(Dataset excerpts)
....
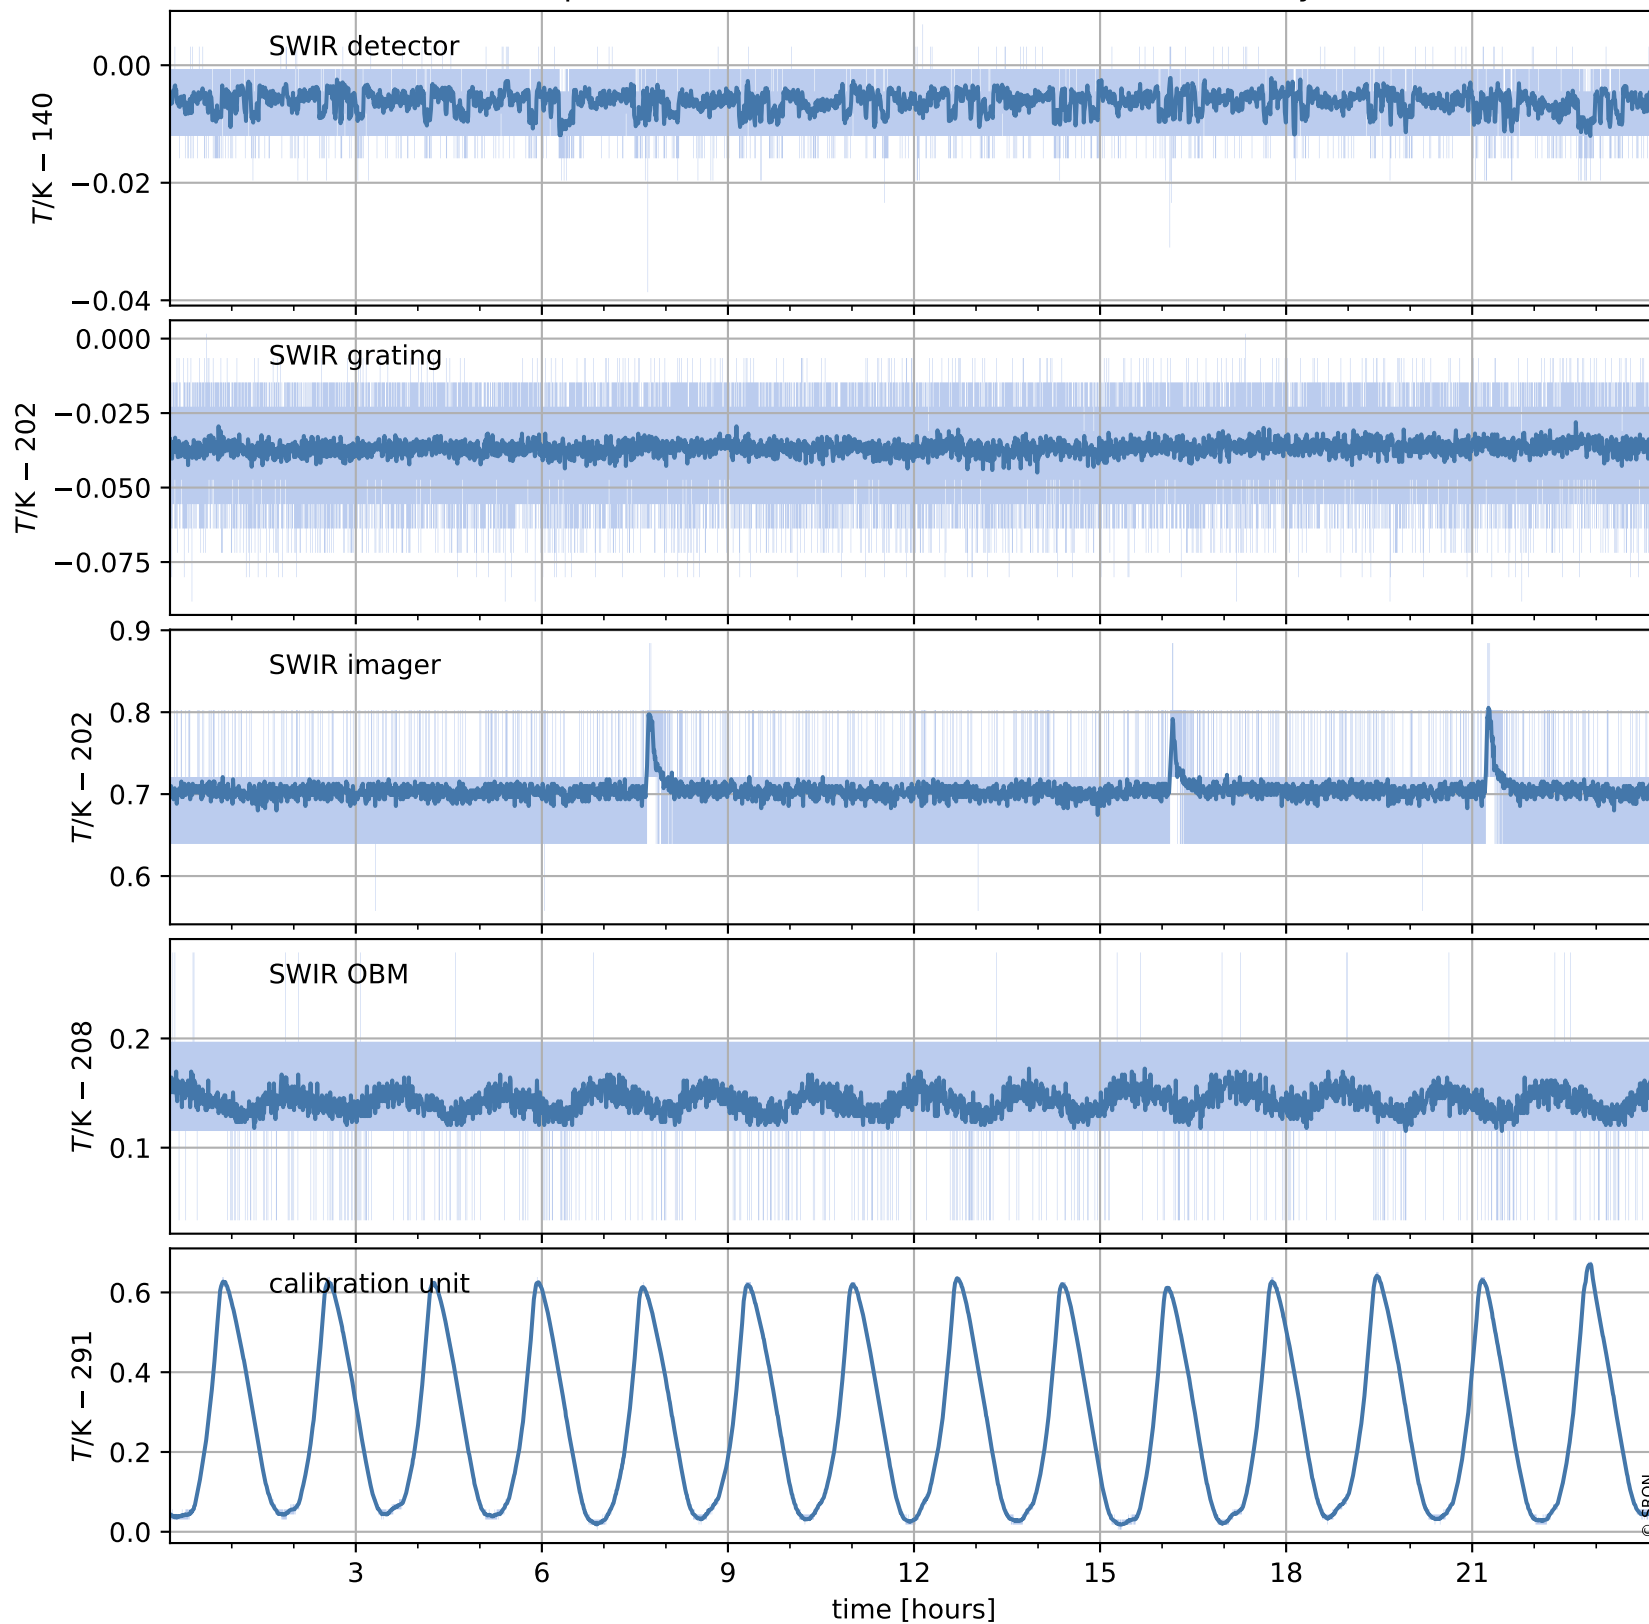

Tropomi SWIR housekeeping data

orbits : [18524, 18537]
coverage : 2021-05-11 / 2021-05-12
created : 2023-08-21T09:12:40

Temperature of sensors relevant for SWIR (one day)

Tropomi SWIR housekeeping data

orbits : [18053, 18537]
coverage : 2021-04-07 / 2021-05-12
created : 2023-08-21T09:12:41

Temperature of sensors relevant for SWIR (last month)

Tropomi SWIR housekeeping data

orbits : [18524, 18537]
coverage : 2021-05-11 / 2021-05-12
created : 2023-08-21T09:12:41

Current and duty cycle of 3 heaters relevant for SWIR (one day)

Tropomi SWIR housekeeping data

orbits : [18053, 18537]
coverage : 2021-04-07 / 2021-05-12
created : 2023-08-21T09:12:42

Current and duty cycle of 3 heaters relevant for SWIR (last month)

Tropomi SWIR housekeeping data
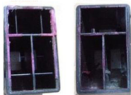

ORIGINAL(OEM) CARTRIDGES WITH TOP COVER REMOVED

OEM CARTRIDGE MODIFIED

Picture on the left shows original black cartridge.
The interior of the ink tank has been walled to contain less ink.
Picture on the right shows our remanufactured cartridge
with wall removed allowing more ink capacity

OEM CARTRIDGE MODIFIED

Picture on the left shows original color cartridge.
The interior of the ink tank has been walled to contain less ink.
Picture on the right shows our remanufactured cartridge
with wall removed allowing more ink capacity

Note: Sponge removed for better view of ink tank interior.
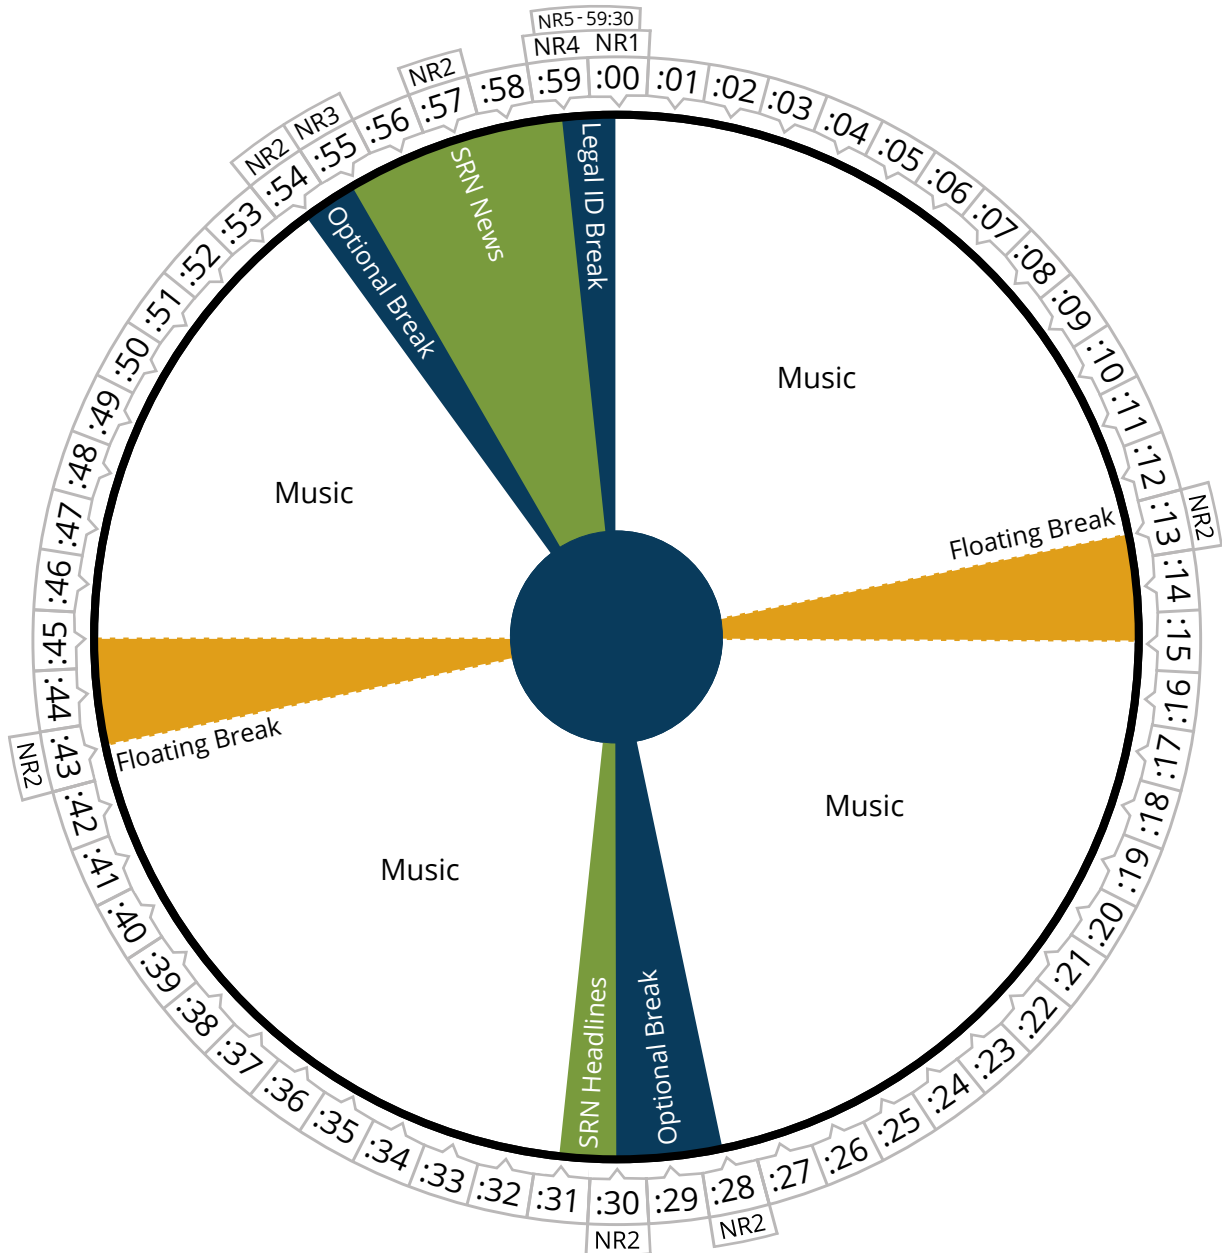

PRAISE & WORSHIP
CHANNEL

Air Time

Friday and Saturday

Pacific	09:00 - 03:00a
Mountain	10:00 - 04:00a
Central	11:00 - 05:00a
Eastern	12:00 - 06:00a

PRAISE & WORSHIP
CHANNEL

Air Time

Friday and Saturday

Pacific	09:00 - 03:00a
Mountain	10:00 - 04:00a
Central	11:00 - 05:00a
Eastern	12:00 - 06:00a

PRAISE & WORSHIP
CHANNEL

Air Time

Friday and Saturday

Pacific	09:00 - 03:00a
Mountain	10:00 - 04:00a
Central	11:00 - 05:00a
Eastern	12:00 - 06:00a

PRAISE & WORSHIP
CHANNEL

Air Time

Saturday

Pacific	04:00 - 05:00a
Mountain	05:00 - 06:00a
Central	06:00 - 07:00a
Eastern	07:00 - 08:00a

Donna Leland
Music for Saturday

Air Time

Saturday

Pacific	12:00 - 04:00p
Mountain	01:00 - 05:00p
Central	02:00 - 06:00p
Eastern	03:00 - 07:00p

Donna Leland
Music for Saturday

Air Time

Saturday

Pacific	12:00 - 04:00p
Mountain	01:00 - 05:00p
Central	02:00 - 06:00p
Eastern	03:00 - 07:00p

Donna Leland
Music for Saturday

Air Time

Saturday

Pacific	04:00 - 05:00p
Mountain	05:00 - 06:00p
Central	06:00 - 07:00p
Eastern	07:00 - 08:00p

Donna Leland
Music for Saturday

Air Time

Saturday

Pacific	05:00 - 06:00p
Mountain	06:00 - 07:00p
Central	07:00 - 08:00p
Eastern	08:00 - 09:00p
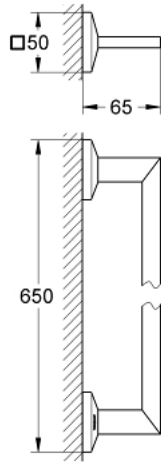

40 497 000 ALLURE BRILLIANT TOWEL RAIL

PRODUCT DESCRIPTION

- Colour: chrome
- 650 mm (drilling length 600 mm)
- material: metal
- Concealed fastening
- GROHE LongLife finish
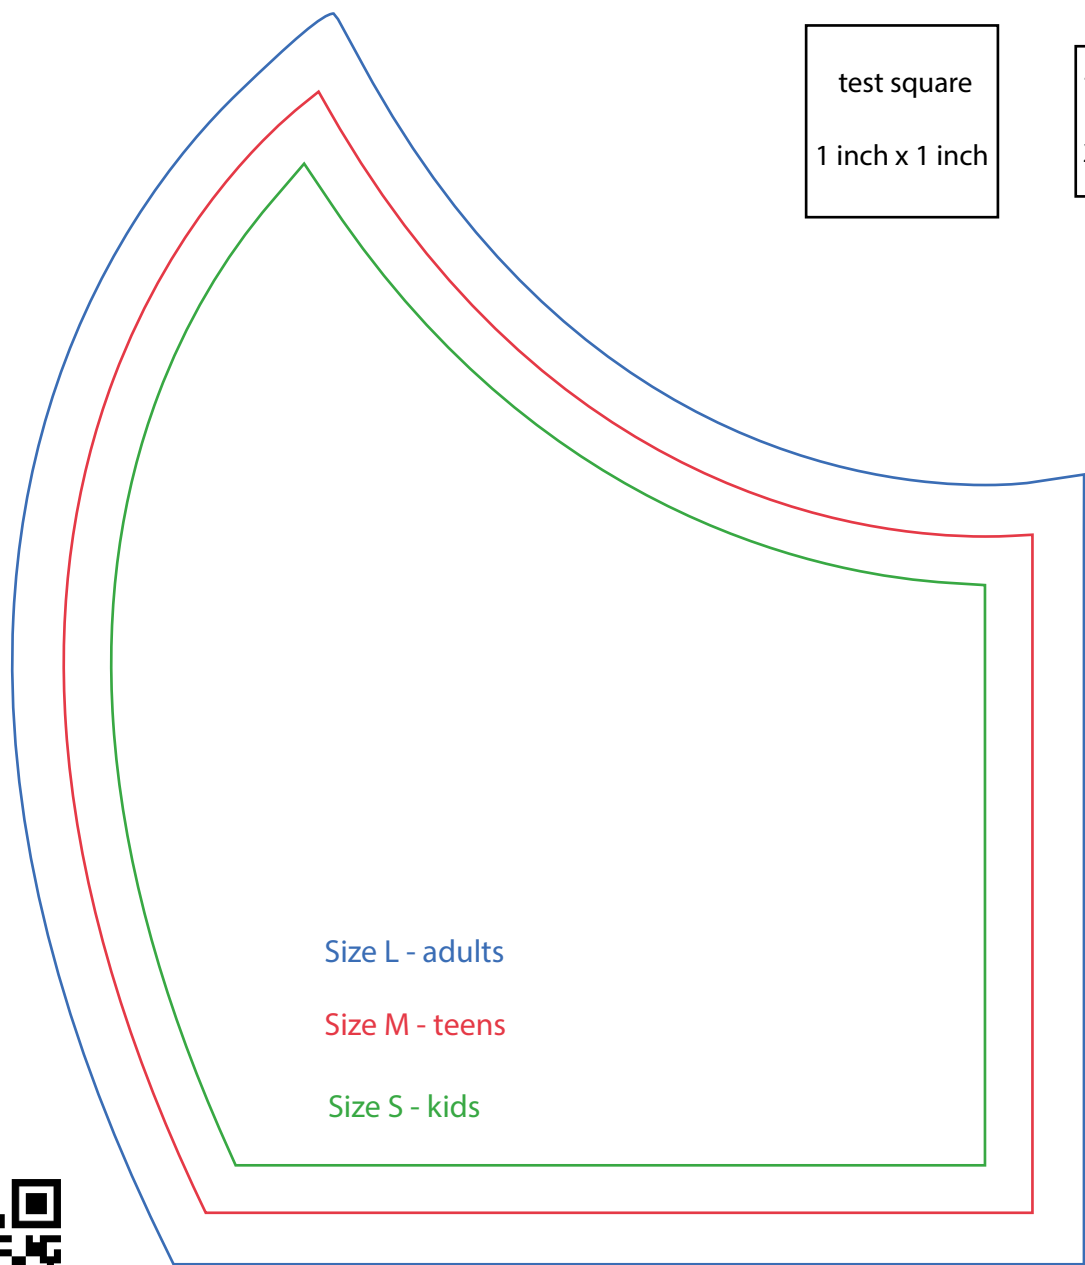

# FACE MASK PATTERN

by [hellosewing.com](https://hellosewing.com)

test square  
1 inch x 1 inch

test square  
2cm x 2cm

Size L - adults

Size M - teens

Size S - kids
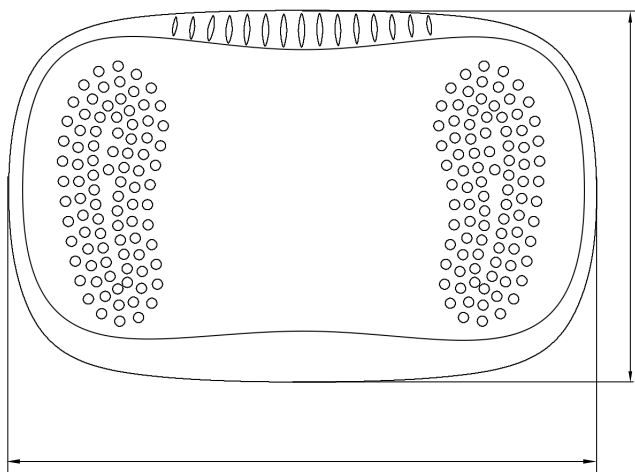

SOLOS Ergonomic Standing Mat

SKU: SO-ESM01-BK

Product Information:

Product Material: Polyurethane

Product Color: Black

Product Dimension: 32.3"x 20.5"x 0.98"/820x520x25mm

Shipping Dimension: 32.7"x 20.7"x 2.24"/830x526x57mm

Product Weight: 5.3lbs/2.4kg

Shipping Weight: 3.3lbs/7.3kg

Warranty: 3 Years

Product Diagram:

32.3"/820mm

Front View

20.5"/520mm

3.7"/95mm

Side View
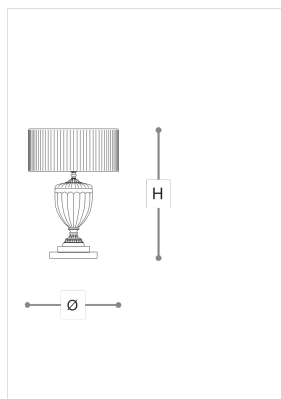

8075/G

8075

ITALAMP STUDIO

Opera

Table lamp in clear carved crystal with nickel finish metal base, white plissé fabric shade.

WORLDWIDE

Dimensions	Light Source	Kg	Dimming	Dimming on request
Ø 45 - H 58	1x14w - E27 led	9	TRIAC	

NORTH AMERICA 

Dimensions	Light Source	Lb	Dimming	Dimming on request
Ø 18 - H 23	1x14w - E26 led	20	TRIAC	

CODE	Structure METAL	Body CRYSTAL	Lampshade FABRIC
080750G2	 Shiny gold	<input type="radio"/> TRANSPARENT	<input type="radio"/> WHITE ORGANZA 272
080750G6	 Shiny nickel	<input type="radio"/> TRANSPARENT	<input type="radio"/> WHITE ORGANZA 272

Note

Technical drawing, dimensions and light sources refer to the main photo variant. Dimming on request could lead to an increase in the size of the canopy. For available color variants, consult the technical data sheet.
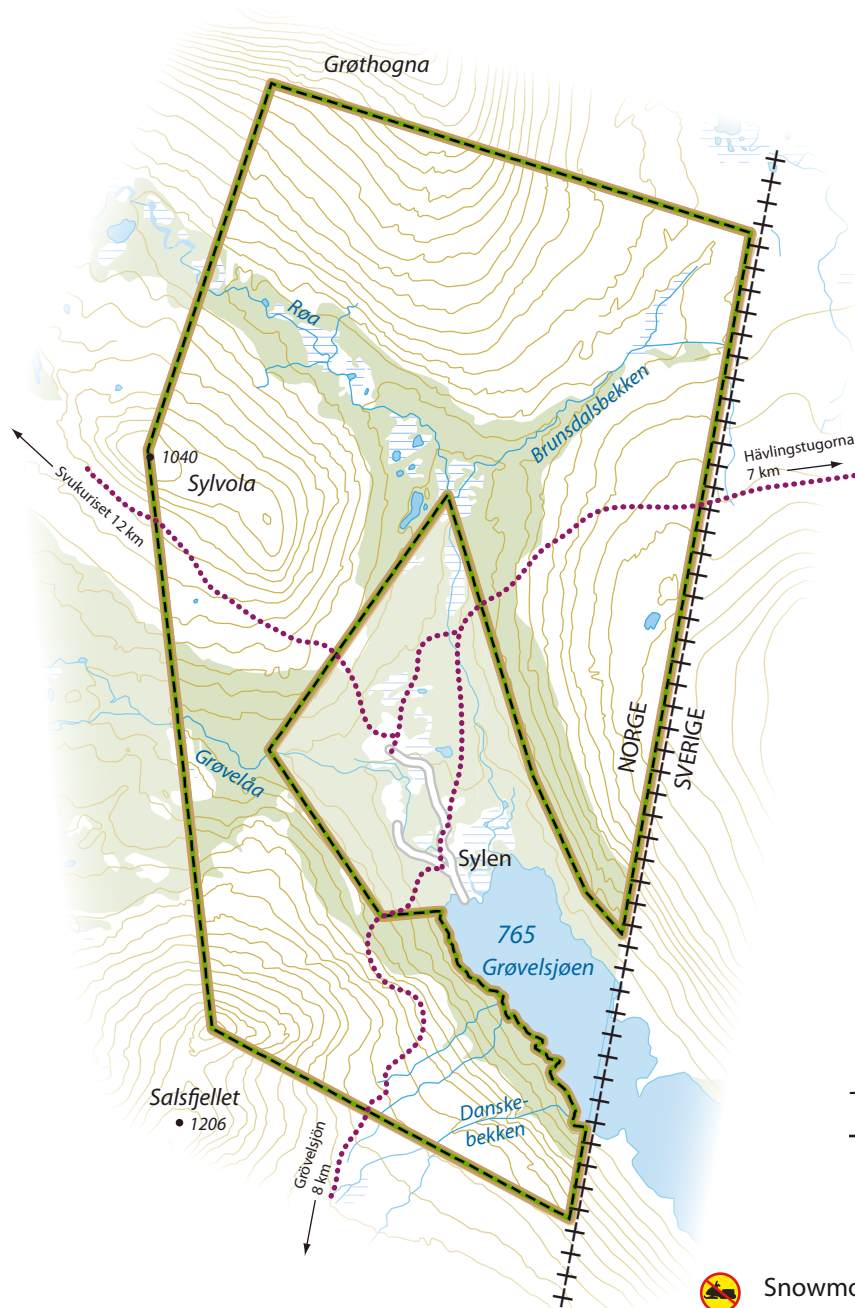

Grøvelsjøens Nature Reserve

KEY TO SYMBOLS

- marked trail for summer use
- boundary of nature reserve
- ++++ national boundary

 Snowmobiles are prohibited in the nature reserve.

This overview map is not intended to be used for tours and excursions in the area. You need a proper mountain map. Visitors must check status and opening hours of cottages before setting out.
....
* [What needs to be done]:
What's needed is an exact copy of every entry, minus the pictures.

* [Expected answer]:
Tropomi SWIR housekeeping data

orbits : [18524, 18537]
coverage : 2021-05-11 / 2021-05-12
created : 2023-08-21T09:12:40

Temperature of sensors relevant for SWIR (one day)

Tropomi SWIR housekeeping data

orbits : [18053, 18537]
coverage : 2021-04-07 / 2021-05-12
created : 2023-08-21T09:12:41

Temperature of sensors relevant for SWIR (last month)

Tropomi SWIR housekeeping data

orbits : [18524, 18537]
coverage : 2021-05-11 / 2021-05-12
created : 2023-08-21T09:12:41

Current and duty cycle of 3 heaters relevant for SWIR (one day)

Tropomi SWIR housekeeping data

orbits : [18053, 18537]
coverage : 2021-04-07 / 2021-05-12
created : 2023-08-21T09:12:42

Current and duty cycle of 3 heaters relevant for SWIR (last month)

Tropomi SWIR housekeeping data

ORIGINAL(OEM) CARTRIDGES WITH TOP COVER REMOVED

OEM CARTRIDGE MODIFIED

Picture on the left shows original black cartridge.
The interior of the ink tank has been walled to contain less ink.
Picture on the right shows our remanufactured cartridge
with wall removed allowing more ink capacity

OEM CARTRIDGE MODIFIED

Picture on the left shows original color cartridge.
The interior of the ink tank has been walled to contain less ink.
Picture on the right shows our remanufactured cartridge
with wall removed allowing more ink capacity

Note: Sponge removed for better view of ink tank interior.

PRAISE & WORSHIP
CHANNEL

Air Time

Friday and Saturday

Pacific	09:00 - 03:00a
Mountain	10:00 - 04:00a
Central	11:00 - 05:00a
Eastern	12:00 - 06:00a

PRAISE & WORSHIP
CHANNEL

Air Time

Friday and Saturday

Pacific	09:00 - 03:00a
Mountain	10:00 - 04:00a
Central	11:00 - 05:00a
Eastern	12:00 - 06:00a

PRAISE & WORSHIP
CHANNEL

Air Time

Friday and Saturday

Pacific	09:00 - 03:00a
Mountain	10:00 - 04:00a
Central	11:00 - 05:00a
Eastern	12:00 - 06:00a

PRAISE & WORSHIP
CHANNEL

Air Time

Saturday

Pacific	04:00 - 05:00a
Mountain	05:00 - 06:00a
Central	06:00 - 07:00a
Eastern	07:00 - 08:00a

Donna Leland
Music for Saturday

Air Time

Saturday

Pacific	12:00 - 04:00p
Mountain	01:00 - 05:00p
Central	02:00 - 06:00p
Eastern	03:00 - 07:00p

Donna Leland
Music for Saturday

Air Time

Saturday

Pacific	12:00 - 04:00p
Mountain	01:00 - 05:00p
Central	02:00 - 06:00p
Eastern	03:00 - 07:00p

Donna Leland
Music for Saturday

Air Time

Saturday

Pacific	04:00 - 05:00p
Mountain	05:00 - 06:00p
Central	06:00 - 07:00p
Eastern	07:00 - 08:00p

Donna Leland
Music for Saturday

Air Time

Saturday

Pacific	05:00 - 06:00p
Mountain	06:00 - 07:00p
Central	07:00 - 08:00p
Eastern	08:00 - 09:00p

40 497 000 ALLURE BRILLIANT TOWEL RAIL

PRODUCT DESCRIPTION

- Colour: chrome
- 650 mm (drilling length 600 mm)
- material: metal
- Concealed fastening
- GROHE LongLife finish

# FACE MASK PATTERN

by [hellosewing.com](https://hellosewing.com)

test square  
1 inch x 1 inch

test square  
2cm x 2cm

Size L - adults

Size M - teens

Size S - kids

SOLOS Ergonomic Standing Mat

SKU: SO-ESM01-BK

Product Information:

Product Material: Polyurethane

Product Color: Black

Product Dimension: 32.3"x 20.5"x 0.98"/820x520x25mm

Shipping Dimension: 32.7"x 20.7"x 2.24"/830x526x57mm

Product Weight: 5.3lbs/2.4kg

Shipping Weight: 3.3lbs/7.3kg

Warranty: 3 Years

Product Diagram:

32.3"/820mm

Front View

20.5"/520mm

3.7"/95mm

Side View

8075/G

8075

ITALAMP STUDIO

Opera

Table lamp in clear carved crystal with nickel finish metal base, white plissé fabric shade.

WORLDWIDE

Dimensions	Light Source	Kg	Dimming	Dimming on request
Ø 45 - H 58	1x14w - E27 led	9	TRIAC	

NORTH AMERICA 

Dimensions	Light Source	Lb	Dimming	Dimming on request
Ø 18 - H 23	1x14w - E26 led	20	TRIAC	

CODE	Structure METAL	Body CRYSTAL	Lampshade FABRIC
080750G2	 Shiny gold	<input type="radio"/> TRANSPARENT	<input type="radio"/> WHITE ORGANZA 272
080750G6	 Shiny nickel	<input type="radio"/> TRANSPARENT	<input type="radio"/> WHITE ORGANZA 272

Note

Technical drawing, dimensions and light sources refer to the main photo variant. Dimming on request could lead to an increase in the size of the canopy. For available color variants, consult the technical data sheet.

Grøvelsjøens Nature Reserve

KEY TO SYMBOLS

- marked trail for summer use
- boundary of nature reserve
- ++++ national boundary

 Snowmobiles are prohibited in the nature reserve.

This overview map is not intended to be used for tours and excursions in the area. You need a proper mountain map. Visitors must check status and opening hours of cottages before setting out.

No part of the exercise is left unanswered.